The recent uncertainty about the inflation path could keep interest rates in the USA above the level desired by Federal Reserve officials.

In fact, Federal Reserve officials last week halved their expectations for interest rate cuts in 2025 to just two.

However, due to divisions within the Federal Reserve, even the prospect of two rate cuts in 2025 cannot be guaranteed.

Rare dissent appears within the Federal Reserve.

This division is laid bare in the so-called dot plot, which reveals the thoughts of 19 Federal Reserve officials, including seven board members and 12 regional Federal Reserve presidents.

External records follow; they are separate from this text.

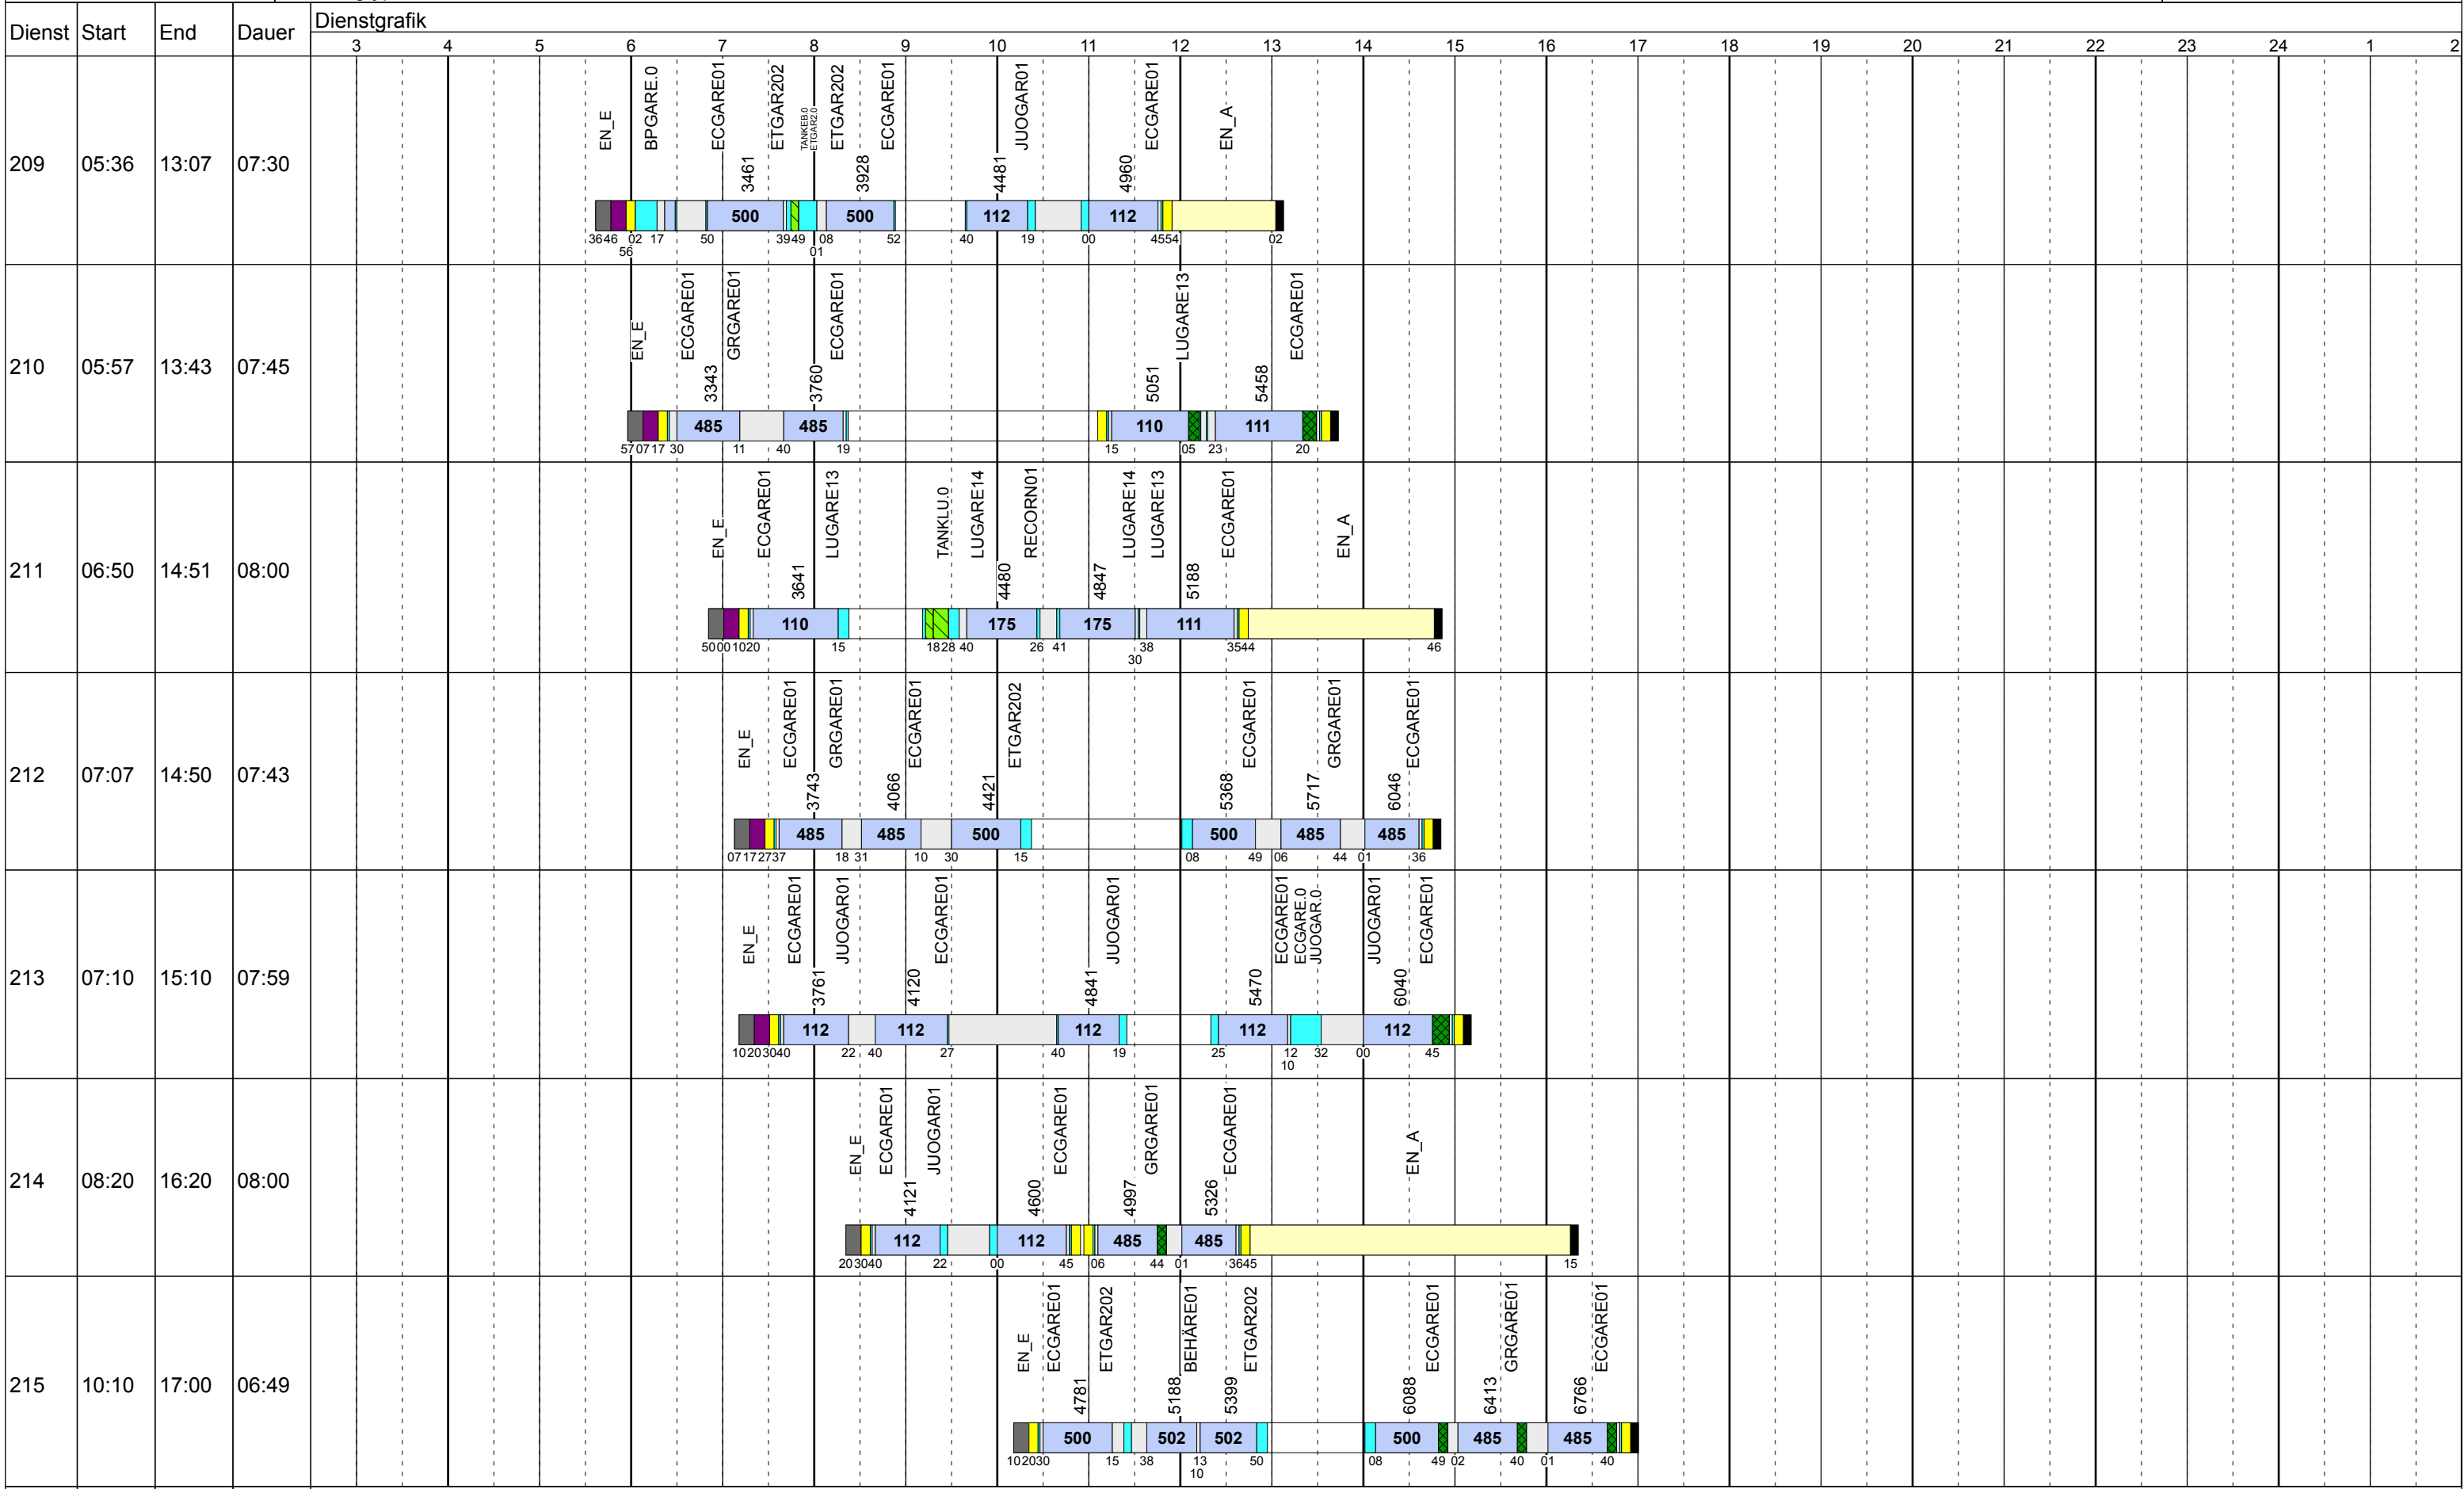

Gültig ab
17.06.2018

Freitag Vac

Betriebstage: Fr
Betriebshöfe: EN, EB, LUX
Fahrzeugtypen: 13, 15, 18, 13NF

Gültig ab
17.06.2018

Zeichenerklärung: AblHin [blue square] AblRück [blue square] Aufrüst [purple square] AusW [yellow square] EinW [yellow square] ESTC [light yellow square] Leerf. [light blue square] Linief. [light blue square] Nach [black square] Reinig [green square] Rüstz. [green square] Tanken [green square] ÜWegZ [blue square] Vor [grey square] Wendez. [grey square]

Four of these officials did not support a rate cut last week, with one, newly appointed Cleveland Federal Reserve President Harker, casting a dissenting vote.

Such dissent is quite rare at the Federal Reserve.

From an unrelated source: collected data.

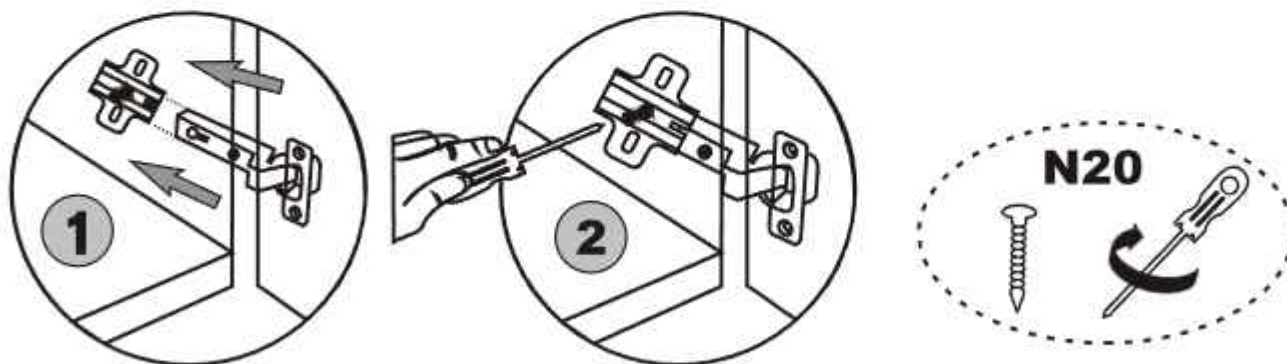

**2**

NASTAVENÍ PANTU  
NASTAVENIE PÁNTU

**A** - připojení ke dveřím / pripojenia k dverám  
**B** - seřízení dveří / nariadenie dverí

šipky ukazujúce smer usporiadania dverí  
šipky ukazujúci směr uspořádání dverí
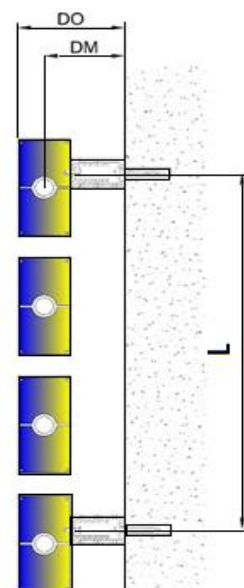

BIANCO HORIZONTAL

LOJIMAX

Design Radiators

3D ИЗГЛЕД

ТЕХНИЧЕСКА ИНФОРМАЦИЯ

БРОЙ ГЛИДЕРИ	ВИСОЧИНА (ММ) "В"	ИНСТАЛАЦ. ВИСОЧИНА (ММ) "L"	ШИРИНА (ММ) "А"	МЕЖДУСОВА ШИРИНА (ММ) "С"	ИНСТАЛАЦ. ШИРИНА (ММ) "Н"
2			800	745	600
3	248	168	900	845	700
4	332	252	1000	945	800
5	416	336	1100	1045	900
6	500	420	1200	1145	1000
7			1300	1245	1100
8			1400	1345	1200
9			1500	1445	1300
10			1600	1545	1400
11			1700	1645	1500
12			1800	1745	1600
	DO =	80-100 MM	1900	1845	1700
	DM =	63-83 MM	2000	1945	1800

МОНТАЖЕН СЕТ

МОНТАЖЕН ЕЛЕМЕНТ РАД. X 4	МОНТАЖЕН ЕЛЕМЕНТ СЕНА X 4	ВИНТ ЗА СЕНА X 4	ВИНТ ЗА РАДИАТОРА X 4
ОБЕЗВЪЗДУШИТЕЛ X 1	ТАПА X 1	ДЕКОРАТИВНА КАПАЧКА X 2	ДЮБЕЛ X 4

1	РАДИАТОР
2	МОНТАЖЕН ЕЛЕМЕНТ РАД.
3	ВИНТ ЗА РАДИАТОРА
4	ВИНТ ЗА СЕНА
5	ФИКСИРАЩ ВИНТ
6	МОНТАЖЕН ЕЛЕМЕНТ СЕНА
7	ДЮБЕЛ
8	СЕНА
9	
10	

ФИКСИРАЩ ВИНТ X 4
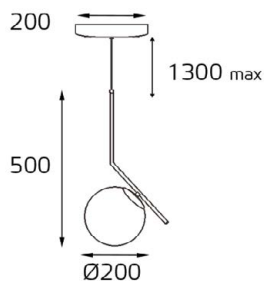

ITALLINE BOLLA SP 6212/200 brass

Лампы E27 LED 220V 1x14W(max)

Цвет: латунь, плафон: матовое стекло

ITALLINE BOLLA AP 6212/200 brass

Лампы E27 LED 220V 1x14W(max)

Цвет: латунь, плафон: матовое стекло
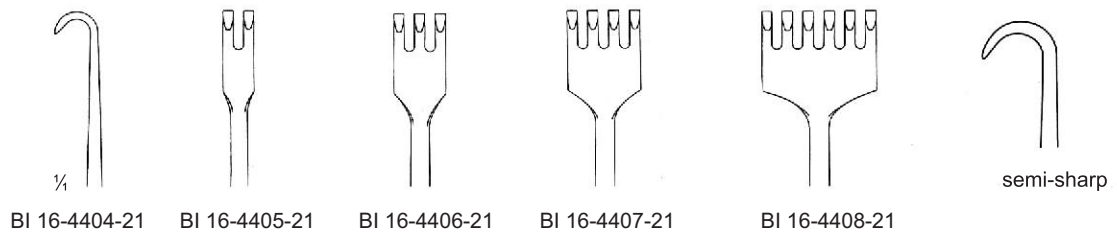

MIDDELDORPF

BI 16-4388-21 14 x 17 mm 21.5 cm/8 1/2" BI 16-4389-21
 BI 16-4390-22 20 x 22 mm 22 cm/8 1/2" BI 16-4391-21
 BI 16-4392-23 26 x 30 mm 23.5 cm/9 1/4" BI 16-4393-23

MIDDELDORPF

Measurements of retractors: Depth x Width

Harmark stated that she hopes to see more evidence indicating that price pressures are easing again. "Inflation remains stubbornly high, and the recent progress in bringing inflation back to 2% has not been even," she said in a statement.

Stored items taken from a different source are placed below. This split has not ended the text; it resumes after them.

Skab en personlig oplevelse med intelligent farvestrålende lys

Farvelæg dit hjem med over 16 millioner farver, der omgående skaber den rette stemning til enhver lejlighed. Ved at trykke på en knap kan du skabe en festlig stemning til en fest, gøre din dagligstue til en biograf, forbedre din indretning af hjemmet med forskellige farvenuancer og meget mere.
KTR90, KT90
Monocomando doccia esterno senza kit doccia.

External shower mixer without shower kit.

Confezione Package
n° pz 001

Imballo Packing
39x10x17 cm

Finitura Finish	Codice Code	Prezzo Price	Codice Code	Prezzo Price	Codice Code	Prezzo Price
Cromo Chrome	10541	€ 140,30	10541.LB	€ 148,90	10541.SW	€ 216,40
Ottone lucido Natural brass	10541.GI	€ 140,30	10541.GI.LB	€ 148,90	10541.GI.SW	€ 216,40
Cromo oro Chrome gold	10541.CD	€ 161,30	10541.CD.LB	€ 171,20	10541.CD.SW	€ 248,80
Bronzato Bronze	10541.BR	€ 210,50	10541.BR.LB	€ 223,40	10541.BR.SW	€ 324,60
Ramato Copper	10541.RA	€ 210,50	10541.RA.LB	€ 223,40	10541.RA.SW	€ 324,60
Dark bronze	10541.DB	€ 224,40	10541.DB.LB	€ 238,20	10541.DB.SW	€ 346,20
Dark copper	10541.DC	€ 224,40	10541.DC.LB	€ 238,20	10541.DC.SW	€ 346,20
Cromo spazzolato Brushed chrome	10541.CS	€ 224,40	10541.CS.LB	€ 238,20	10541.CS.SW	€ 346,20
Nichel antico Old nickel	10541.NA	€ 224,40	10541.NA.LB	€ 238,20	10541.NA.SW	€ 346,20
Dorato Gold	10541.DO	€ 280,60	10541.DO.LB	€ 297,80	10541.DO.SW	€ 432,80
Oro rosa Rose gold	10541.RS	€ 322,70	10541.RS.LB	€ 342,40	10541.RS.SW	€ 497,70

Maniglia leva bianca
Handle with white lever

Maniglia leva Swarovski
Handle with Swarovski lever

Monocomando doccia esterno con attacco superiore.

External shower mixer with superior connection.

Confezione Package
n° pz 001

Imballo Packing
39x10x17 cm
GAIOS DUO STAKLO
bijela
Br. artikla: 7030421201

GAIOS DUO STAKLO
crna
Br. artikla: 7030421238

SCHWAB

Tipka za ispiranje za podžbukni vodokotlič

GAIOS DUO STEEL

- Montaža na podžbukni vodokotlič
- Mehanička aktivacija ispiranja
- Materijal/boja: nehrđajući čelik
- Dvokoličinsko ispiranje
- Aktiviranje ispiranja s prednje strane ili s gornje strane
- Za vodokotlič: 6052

Perhaps more surprisingly, Harmark said that she believes the Federal Reserve is nearing what is known as the neutral interest rate.

This Concept refers to the ideal level of the Federal Reserve's policy interest rate, which means it neither dangerously pushes the economy beyond its speed limit nor slams on the brakes to stifle growth.

Where is the neutral interest rate?

If the Federal Reserve is close to the neutral interest rate, it may mean that the central bank will only lower the rate by another 50 to 75 basis points. After last week's 25 basis point cut, the rate remains in the range of 4.25% to 4.5%.

Harmark is just one of six Federal Reserve officials estimating that the Federal Reserve is nearing the neutral interest rate.

A larger group of eight officials – which may include Federal Reserve Chairman Powell – believes the neutral interest rate is much lower, possibly around 3% or less.

Powell's key ally, New York Fed President Williams stated, "I don't believe we have reached the long-term neutral interest rate yet. Perhaps the neutral rate is slightly higher than we previously thought, but still far below our current levels."

If he is correct, the Federal Reserve may ultimately need to significantly lower interest rates.

A third, smaller group believes there is more room for rate cuts.

The road ahead.

Of course, which of the three groups prevails will depend on the extent of inflation slowdown next year. If the recent rise in inflation proves to be temporary, the Federal Reserve might increase the number of rate cuts to three or more by 2025.

"Interest rates may still fall significantly in the next 12 to 18 months," Chicago Fed President Goolsbee insisted last week.

Another factor behind Goolsbee and others pushing for lower rates is that some Federal Reserve officials who supported last week's rate cut are more concerned about the weak U.S. job market and its impact on the economy than about inflation.

Even if inflation remains at a certain high level, they tend to prefer cutting rates faster to ensure the current economic expansion is maintained.

The President of the San Francisco Federal Reserve, Daly, stated last week, "What I hear more than you might imagine is that allowing the inflation rate to drop by a tenth should not harm the economy. I do not want to see the unemployment rate rise just to achieve the 2% target a quarter early."

Powell faces the challenge of bridging these divides within the Federal Reserve against the backdrop of Trump's second term as President of the USA, as he had harshly criticized this Federal Reserve Chairman during his first term. Therefore, this will not be an easy task.

However, do not expect any significant initiatives in the coming year. The debates within the Federal Reserve are typically polite affairs rather than heated intellectual arguments.

Powell also enjoys broad support within the Federal Reserve, and instances of opposition are rare, let alone provoking multiple dissenting opinions.

The last Federal Reserve Chairman to lose a crucial vote was Paul Volcker in the 1980s, during one of the most tumultuous times in the economic history of the USA.